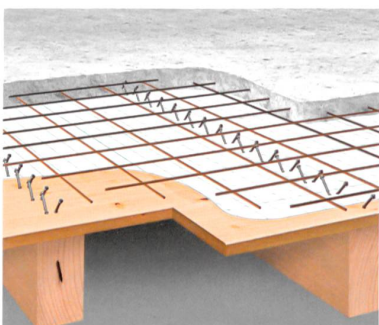

Neues aus der Baubranche

Redaktion: Danielle Fischer

Swisspearl

Der Baustil des Einfamilienhauses in Kirchlindach BE ist hierzulande häufig anzutreffen. Im Jahr 2015 wurde das Gebäude komplett renoviert. Dabei bewahrten die Architekten Overhage & Roggo aus Bern die Materialeinheit von Dach und Fassade: Sie ersetzten die alten Platten mit kleinformigen Swisspearl-Faserzementplatten. Der ehemals leicht bräunliche Farbton wurde von einem kühleren Anthrazit abgelöst. Dadurch konnte die Indach-Solaranlage ästhetisch in die Dachfläche integriert werden. •

SBC-2 www.swisspearl.ch

SFS Unimarket

Mit dem Holz-Beton-Verbundsystem SFS VB bietet SFS unimarket Planern, Verarbeitern und Bauherren eine wirtschaftliche und einfache Lösung zur Erstellung und Sanierung von Geschossdecken. Das System ist in der Brandschutzdokumentation von Lignum aufgeführt. In Neubauten mit oder ohne schwimmende Unterlagsböden verbessert die Holz-Beton-Verbundweise sowohl den Schallschutz als auch den Brandschutz gegenüber einer reinen Holzdecke. Zudem kann mit dem System SFS VB die Tragfähigkeit massiv erhöht werden, was bei Sanierungen häufig unerlässlich ist. •

www.sfsunimarket.biz

HP

HP hat kürzlich fünf neue Grossformatdrucker vom Typ HP DesignJet vorgestellt, darunter den preiswertesten Multifunktionsdrucker (MFP) HP DesignJet T830 und den Drucker HP DesignJet T730. Fachkräften aus Architektur, Ingenieurwesen und Konstruktion bieten die Geräte vielfältige Möglichkeiten zum Drucken, Scannen und Kopieren. Die MFP T730 und T830 wurden dafür entwickelt, auch auf Baustellen reibungslos zu funktionieren. Das separat erhältliche Baustellenkit bietet zusätzlichen Schutz und wird für mobile Büros auf Baustellen emp-

= = = = = = =

• [What is required] Please output the material above again, exactly, and omit every image.

• [Result]
Neues aus der Baubranche

Redaktion: Danielle Fischer

Swisspearl

Der Baustil des Einfamilienhauses in Kirchlindach BE ist hierzulande häufig anzutreffen. Im Jahr 2015 wurde das Gebäude komplett renoviert. Dabei bewahrten die Architekten Overhage & Roggo aus Bern die Materialeinheit von Dach und Fassade: Sie ersetzten die alten Platten mit kleinformigen Swisspearl-Faserzementplatten. Der ehemals leicht bräunliche Farbton wurde von einem kühleren Anthrazit abgelöst. Dadurch konnte die Indach-Solaranlage ästhetisch in die Dachfläche integriert werden. •

SBC-2 www.swisspearl.ch

SFS Unimarket

Mit dem Holz-Beton-Verbundsystem SFS VB bietet SFS unimarket Planern, Verarbeitern und Bauherren eine wirtschaftliche und einfache Lösung zur Erstellung und Sanierung von Geschossdecken. Das System ist in der Brandschutzdokumentation von Lignum aufgeführt. In Neubauten mit oder ohne schwimmende Unterlagsböden verbessert die Holz-Beton-Verbundweise sowohl den Schallschutz als auch den Brandschutz gegenüber einer reinen Holzdecke. Zudem kann mit dem System SFS VB die Tragfähigkeit massiv erhöht werden, was bei Sanierungen häufig unerlässlich ist. •

www.sfsunimarket.biz

HP

HP hat kürzlich fünf neue Grossformatdrucker vom Typ HP DesignJet vorgestellt, darunter den preiswertesten Multifunktionsdrucker (MFP) HP DesignJet T830 und den Drucker HP DesignJet T730. Fachkräften aus Architektur, Ingenieurwesen und Konstruktion bieten die Geräte vielfältige Möglichkeiten zum Drucken, Scannen und Kopieren. Die MFP T730 und T830 wurden dafür entwickelt, auch auf Baustellen reibungslos zu funktionieren. Das separat erhältliche Baustellenkit bietet zusätzlichen Schutz und wird für mobile Büros auf Baustellen emp-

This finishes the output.